● Requirement: Where a line of the records holds the string "Museum", copy that line.

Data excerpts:

================

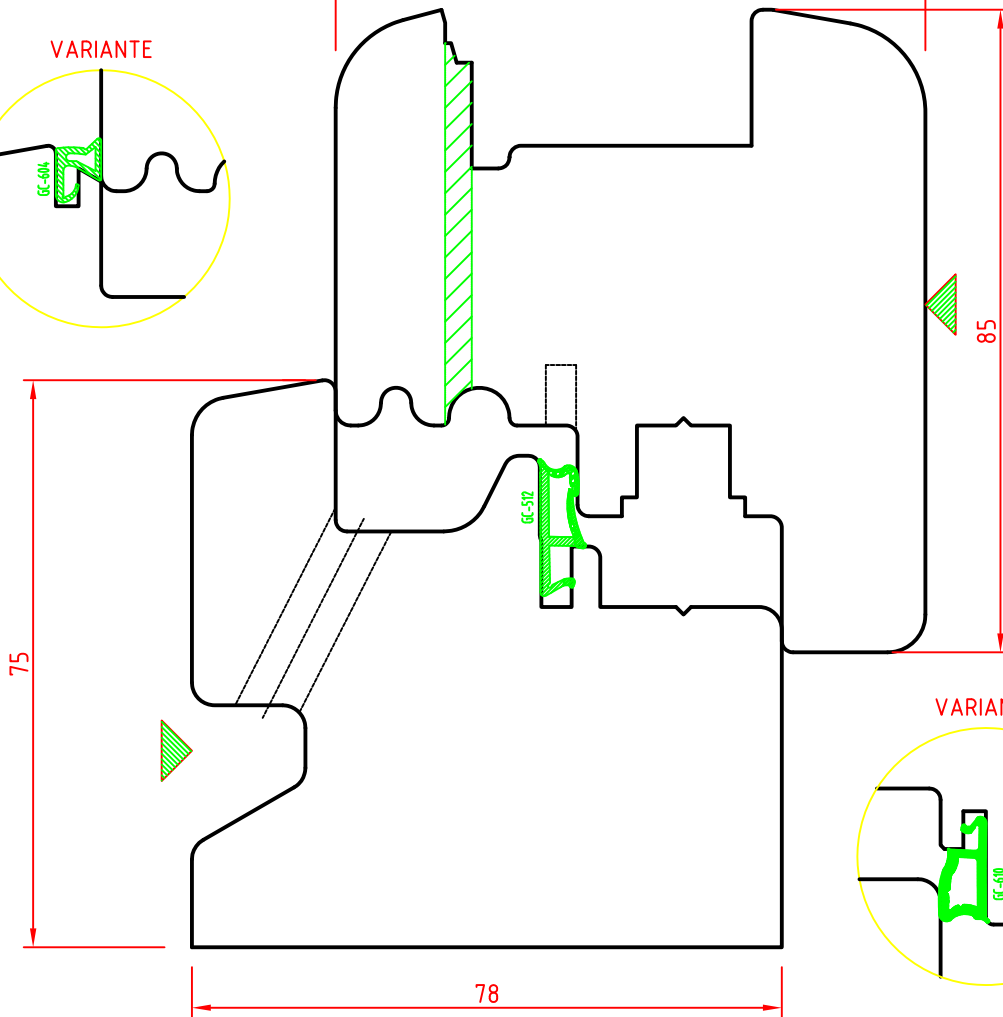

**SEZIONE VERTICALE**

Scostamento cava ferramenta 13mm

ARIA 12mm

SCALA 1:1

AL.BA.PROFILFI
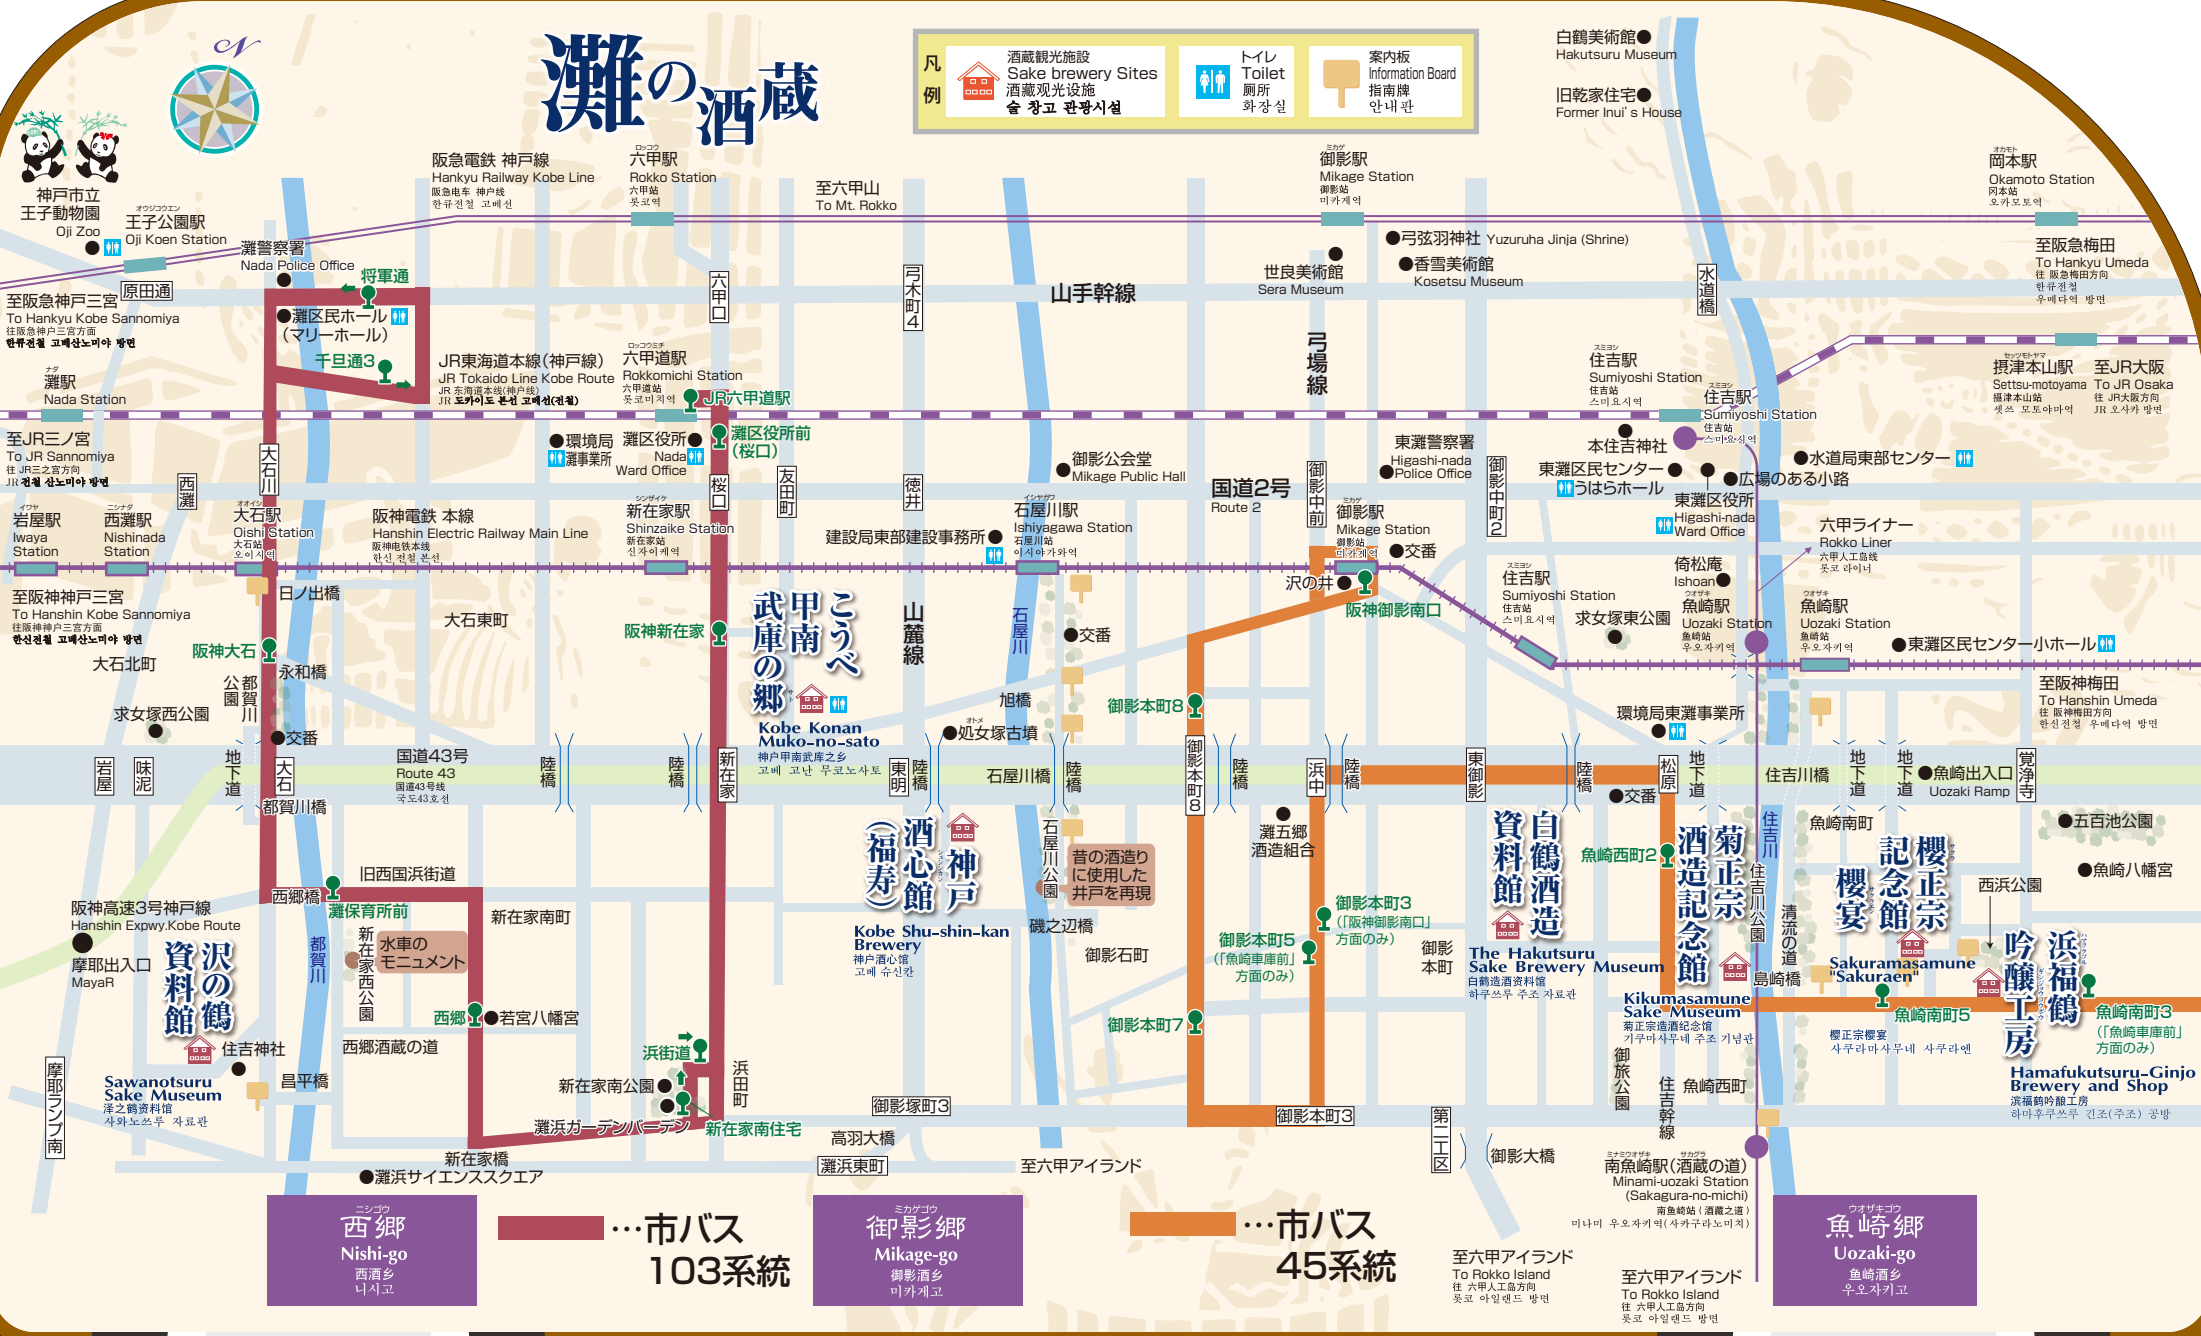

# 灘の酒蔵

凡例

- 酒蔵観光施設 Sake brewery Sites 酒蔵观光设施 술 찻고 관광시설
- トイレ Toilet 廁所 화장실
- 案内板 Information Board 指南牌 안내판

白鶴美術館 ● Hakutsuru Museum  
 旧乾家住宅 ● Former Inui's House

神戸市立 王子動物園 Oji Zoo  
 王子公園駅 Oji Koen Station  
 灘警察署 Nada Police Office  
 灘駅 Nada Station

至JR三ノ宮 To JR Sannomiya  
 往 JR三之宮方向  
 JR 灘線 三ノ宮方面  
 灘駅 三ノ宮方面

至阪神神戸三宮 To Hanshin Kobe Sannomiya  
 往 阪神神戸三宮方面  
 灘駅 阪神神戸三宮方面

至阪神神戸三宮 To Hanshin Kobe Sannomiya  
 往 阪神神戸三宮方面  
 灘駅 阪神神戸三宮方面

阪神高速3号神戸線 Hanshin Expwy.Kobe Route  
 摩耶出入口 MayaR  
 住吉神社 Sumiyoshi Shrine  
 Sawanotsuru Sake Museum 洋之鶴資料館 さらふぶろ 資料館

西郷 Nishi-go  
 西酒郷 니시고

市バス 103系統

御影郷 Mikage-go  
 御影酒郷 미카게고

市バス 45系統

至六甲アイランド To Rokko Island  
 往 六甲人工島方面  
 灘線 六甲方面

魚崎郷 Uozaki-go  
 魚崎酒郷 우오자키고

岡本駅 Okamoto Station  
 往 阪急梅田方面  
 灘線 梅田方面

至阪急梅田 To Hankyu Umeda  
 往 阪急梅田方面  
 灘線 梅田方面

至JR大阪 To JR Osaka  
 往 JR大阪方向  
 JR 灘線 大阪方面

至阪神梅田 To Hanshin Umeda  
 往 阪神梅田方面  
 灘線 梅田方面

至阪神梅田 To Hanshin Umeda  
 往 阪神梅田方面  
 灘線 梅田方面

魚崎南町3 方面のみ  
 魚崎南町5 方面のみ  
 魚崎南町 方面のみ

================

● Answer to this exercise:
白鶴美術館 ● Hakutsuru Museum  
 Sawanotsuru Sake Museum 洋之鶴資料館 さらふぶろ 資料館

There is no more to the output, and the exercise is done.